There's 2 parts of all this, at least. There's this great fascination for music and this love of playing blues - not only blues, just rock and roll generally. There's this great love of that. But there's this other thing that's performing... I guess you just want some sort of gratification. You have to want some sort of approval. But it's also just the love of actually doing it. Fun.

- Mick Jagger, 1995


He's the best pop performer Britain's ever had. He made the group, really. Without Mick, the Stones would have been nothing.

- Brian Jones, 1966


(Pop music is) not my life! It's a nice part of my life, but it's nowhere near all my life. I get up very early now. I get up at nine and when it comes to around two I start to feel it a bit. But it's all very enjoyable.

- Mick Jagger, 1967

You've either got (equilibrium) or you haven't. I mean, life is scary, and everyone's got to go off the deep-end sometime or other. You can't remain perfectly stable all of the time. Just being onstage or recording is a great outlet for one's neuroses. You can get rid of all your fears or pent up energies singing songs or just screaming and carrying on while you're up there onstage.
- Mick Jagger, 1974


It bothers (people) because they can't be like that themselves (i.e. fearless and rambunctious like a child). I consider myself very lucky, and one of the reasons for that is that when I'm singing or acting or playing or anything - even at home - I feel just like a baby - like I'm 10 or 11 or 12. Whether that's my fantasy, whether it's right or wrong - I know that it's something that other people can't do. I mean, I can act like a 34-year-old too - I've trained myself to act in this manner (laughs) - but when I'm playing I can go back in time. I think that's true for many musicians and actors and dancers, and people envy that.

    - Mick Jagger, 1978


(Mick) can't face reality. Because everybody has a different idea of what or who Mick Jagger is, he's confused himself now as to who he actually is. People are usually too embarassed or don't want to get involved that much to let Mick know. I'm one of them. It IS a tremendous hassle to keep Mick in reality because he's so easily influenced.

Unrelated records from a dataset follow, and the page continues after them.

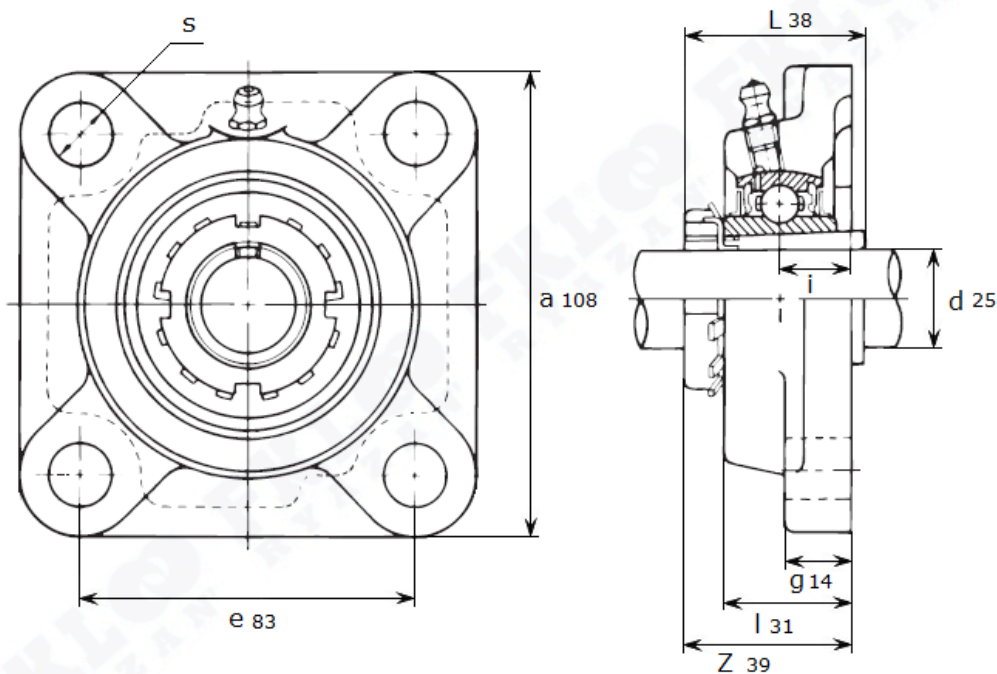

Артикул **UKF 206 + H2306 (Asahi)**

Подшипниковый узел **UKF 206 + H2306 (Asahi)**

UKF 206 + H2306

Номинальные размеры (мм) подшипникового узла UKF 206 + H2306 (Asahi)									Масса	Номер для заказа
d	a	e	i	g	L	S	Z	L	кг	Артикул Asahi
25	108	83	18	14	31	12	39	38	1,2	UKF 206 + H2306

    - Keith Richards, 1979


I enjoy changing personalities. Yeah, honestly I feel I've got to be very... chameleon-like just to preserve my own identity... I don't feel threatened by (the) possible eventuality (of losing touch with myself). I don't want to have just one front. I feel like I need at least two just to carry on doing what I'm doing comfortably. It's acting, sure it is... that's what it obviously comes down to. It just gives me the facility to do practically anything I want, see, and even then the most drastic changes of personlity don't really affect me 'cause I never feel the need to do them that often. It's all part of being a rock & roll star, after all.

    - Mick Jagger, 1977


Mick has got a million roles that he works, plays and uses very well, but he plays it up purposely because in actual fact he doesn't believe in it. He's not about to believe in it because the anchor is still there and he knows it. I think it's something that he uses to deal with a situation at the time.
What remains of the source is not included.